By Martin Graham
Glasgow City Council has announced a £1.5m fund to help private homeowners to carry out essential repair work.
The fund, along with the new powers granted to local authorities as part of the Housing (Scotland) Act 2006, means that the council can enforce work to be carried out to resolve the issue, especially prevalent in tenements, where a minority of owners are unwilling to pay their share of essential repairs.
The money will be allocated from the Council’s Private Sector Housing pot and will be set aside into a fund that can be used to cover the costs of moderate repair work carried out under statutory notice.
Work paid from the fund will be replenished as accounts and fees are repaid to the council, with the local authority charging a fee of 15% to cover its technical and administrative costs.
A lack of participation by some homeowners often means that problems such as rain penetration is not dealt with, dampness not treated and this lack of timely remedial action leads to a much more serious and expensive repair, and misery for those owners willing, but unable, to get consensus to address the problem.

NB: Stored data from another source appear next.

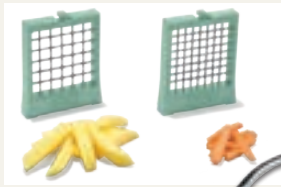

ab Donnerstag, 1.9.

Pommesschneider; mit 2 Klingeneinsätzen (fein/grob) und Saugfuß zum Fixieren

ERNESTO®
**Passiermühle/
Pommesschneider**
Je Stück

11.99*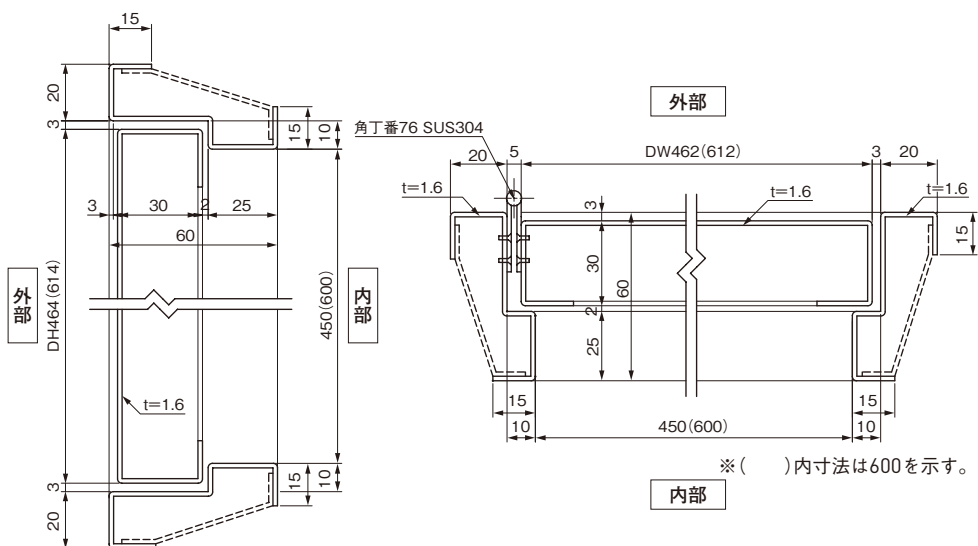

メーター点検口 AT型

ワンタッチ
平面ハンドル
鍵なし

- ・ エアータイトゴムを扉内部四方に配置し、すき間を少なくし、チリ、埃等の侵入を低減します。
- ・ ワンタッチ平面ハンドル付(鍵なし)です。
- ▶ ご注意
- ・ 扉内部の四方にエアータイトゴムが配置されているので、ワンタッチ平面ハンドルの施錠・解錠は扉を強く押して操作してください。

商品番号	商品名	1枚価格	材質	仕上げ	サイズ		吊元	入数	重量	単位
					H	W				
・451-175	メーター点検口 AT型 450角	22,400	溶融亜鉛メッキ鋼板	サッシュプライマー	450	450	右	1	7.0kg	枚
・451-177	〃 600角	27,600	〃	〃	600	600	〃	1	10.0kg	〃

X-90階段床下点検口

ワンタッチ
平面ハンドル鍵付

- ・ 平面ハンドル付(鍵付)です。

商品番号	商品名	1枚価格	材質	仕上げ	サイズ		入数	単位
					H	W		
・451-194	X-90 階段床下点検口 450	17,000	溶融亜鉛メッキ鋼板	サッシュプライマー	450	450	1	枚
・451-195	〃 600	20,500	〃	〃	600	600	1	〃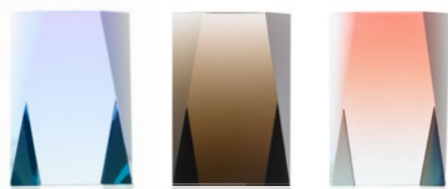

CHRYSIS
váza / křišťál podjímáný aurorou
16 × 18 cm / 2776

IMPERIAL
popelník / topas
16 × 6 cm / 560/E

PAULA
miska / křišťál / 24K zlato
12,3 × 5,9 cm / 7012

VYROBÍME ORIGINAL PODLE VAŠEHO PŘÁNÍ

Pořádá vaše firma či organizace sportovní soutěž nebo festival – a vy potřebujete vkusné trofeje? Nebo uvažujete o tom, nechat vyrobit originální dárky pro zaměstnance? Rádi vám vyjdeme vstříc a vytvoříme pro vás kolekci na zakázku. Řekněte nám své představy – a vývojové Studio Moser vám představí své návrhy, případně do projektu zapojí některého z renomovaných designérů, kteří s naší sklárnou spolupracují. Každé takto vzniklé dílo charakterizuje ruční zpracování všech jednotlivých detailů a jedinečné spojení představivosti, osobního přístupu a vášně pro sklo.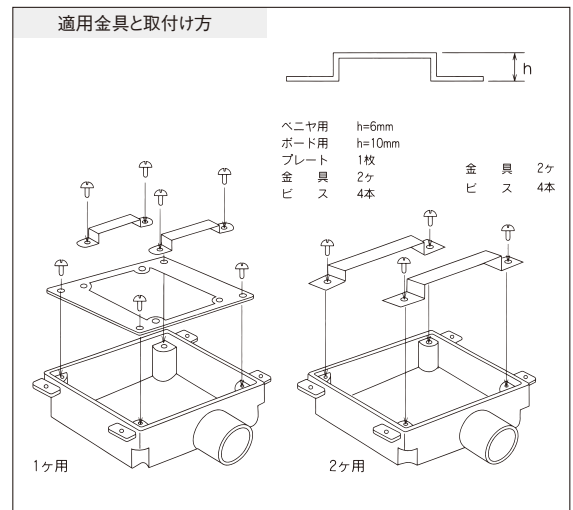

※加工品は別途御連絡、御相談下さい。

木製パネル用スイッチボックス (非鉛) RoHS2指令に対応しています

耐衝撃性、耐候性を高め、より優れた機能と安全を追求しています

真壁用スイッチボックス (SM)

SM 30LW-1

※金具を取付てご使用ください。

30L-1	30L-2	30L-3L	30L-3R
30L-4	30L-5	30L-6	
30LW-1	30LW-2	30LW-3L	30LW-3R
30LW-6L	30LW-6R		

木製パネル用スイッチボックス ダブルタイプ

品名記号 ライトグレー	適用電線管	品 種	標準価格	入数	寸 法 (mm)			摘 要
					タテ	ヨコ	フカサ	
SM 30L-1	VE16		570	適量	101	101	30	Ⓜ Ⓜ JET Ⓜ Ⓜ PS E
SM 30L-2	VE16		720	適量	101	101	30	Ⓜ Ⓜ JET Ⓜ Ⓜ PS E
SM 30L-3L	VE16		720	適量	101	101	30	Ⓜ Ⓜ JET Ⓜ Ⓜ PS E
SM 30L-3R	VE16		720	適量	101	101	30	Ⓜ Ⓜ JET Ⓜ Ⓜ PS E
SM 30L-4	VE16		570	適量	101	101	30	Ⓜ Ⓜ JET Ⓜ Ⓜ PS E
SM 30L-5	VE16		570	適量	101	101	30	Ⓜ Ⓜ JET Ⓜ Ⓜ PS E
SM 30L-6	VE16		840	適量	101	101	30	Ⓜ Ⓜ JET Ⓜ Ⓜ PS E
SM 30LW-1	VE16		720	適量	101	101	30	Ⓜ Ⓜ JET Ⓜ Ⓜ PS E
SM 30LW-2	VE16		840	適量	101	101	30	Ⓜ Ⓜ JET Ⓜ Ⓜ PS E
SM 30LW-3L	VE16		840	適量	101	101	30	Ⓜ Ⓜ JET Ⓜ Ⓜ PS E
SM 30LW-3R	VE16		840	適量	101	101	30	Ⓜ Ⓜ JET Ⓜ Ⓜ PS E
SM 30LW-6L	VE16		990	適量	101	101	30	Ⓜ Ⓜ JET Ⓜ Ⓜ PS E
SM 30LW-6R	VE16		990	適量	101	101	30	Ⓜ Ⓜ JET Ⓜ Ⓜ PS E
SM 30L 1ヶ用金具								
SM 30L 2ヶ用金具								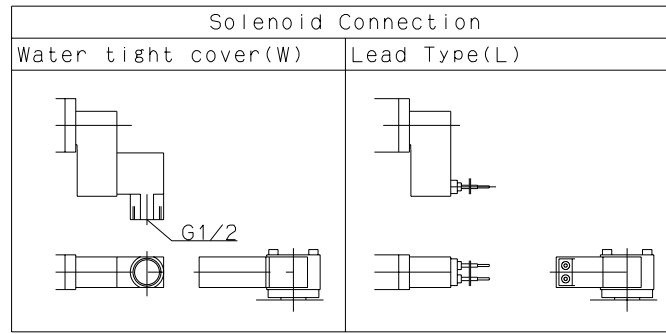

Stroke	L
100	194
150	244
200	294
250	344
300	394
400	494
500	594
600	694

Stroke	JC
0~160	110
161~250	150
251~400	210
401~600	300

Model : MS665-A(B)(D)-CA-40X200-HD  
 Maker : KONAN  
 File Name : MS66-A-CA-40-HD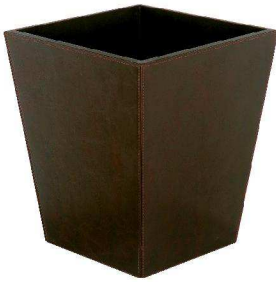

Oda İçi ve Balkon Aksesuarları

YIBTECH
Ütü Masası 2

YIBTECH
Ütü Masası 1

YIBTECH
Ütü

YIBTECH
Kettle Tepsisi 3

YIBTECH
Kettle Tepsisi 2

YIBTECH B 01
Bavulluk,
Ahşap, destekli,
istenilen renk olan model.

YIBTECH B 02
Bavulluk,
Krom, destekli model.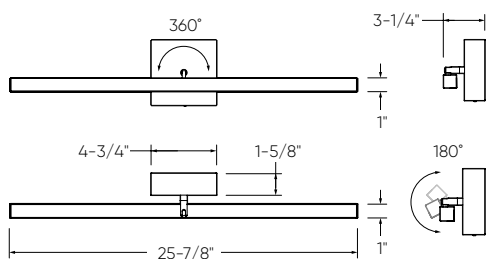

Modèle	Taille	Watts	Lumens livrés	IRC	T° Couleur	Tension
VLG24-CC	24"	15 W	1150 lm	80	2700, 3000, 3500,	120 V
VLG36-CC	36"	26 W	2020 lm		4000, 5000 K	

Caractéristiques

Plus de 50 000 heures de durée de vie
CCT sélectionnables à l'aide d'un
commutateur: 2700K/ 3000K/ 3500K/
4000K/ 5000K

Transformateur graduable intégré

Convient aux endroits humides

Pivotant à 180°, rotation de 360°

Éclairage multi-directionnel avec la lumière
émanant de dessous et de derrière le
luminaire

Veuillez vous référer à notre site internet
pour la liste des gradateurs compatibles

Garantie de 5 ans

Finis

- **BK** Noir
- **GD** Or
- **SN** Nickel satiné
- **WH** Blanc

Note

D'autres températures de couleur, couleurs
de finition et options de tension sont
disponibles, mais peuvent nécessiter des
quantités de commande minimales (QCM)
et des délais de livraison plus longs. Veuillez
contacter votre représentant DALI pour
plus d'informations.

VLG24-CC

Until now, the council was unable to assist owners or property mangers in carrying out this work because it did not have the necessary resources to cope the scale of the problem and the housing services lacked the appropriate power to enforce the work by all owners.
As reported in the Local News previously, lack of repairs to properties can lead to buildings becoming dangerous, like the property on Cathcart Road in Mount Florida which was in such poor repair that masonry was falling on to the pavement below.
Councillor Elaine McDougall, Executive Member for Housing, said: ‘We regularly receive calls from frustrated home owners, across the city, in tenemental properties, who cannot gain agreement from all owners to pay for minor but essential repair work to their properties.
‘Up until now, we have been unable to assist all of these owners or property managers but this new power allows us to enforce the work to be carried out and recover the full cost from all the owners.
‘This scheme will help to improve the quality of the city’s older housing stock, preserving it for future generations, and I would hope that if proved successful, this self-sustaining fund can be expanded in the future.’
This is a step towards the model for property management common in Edinburgh, where there are no factors for tenement closes, rather the council acts as property manager and issues statutory notices for essential repairs to each homeowner.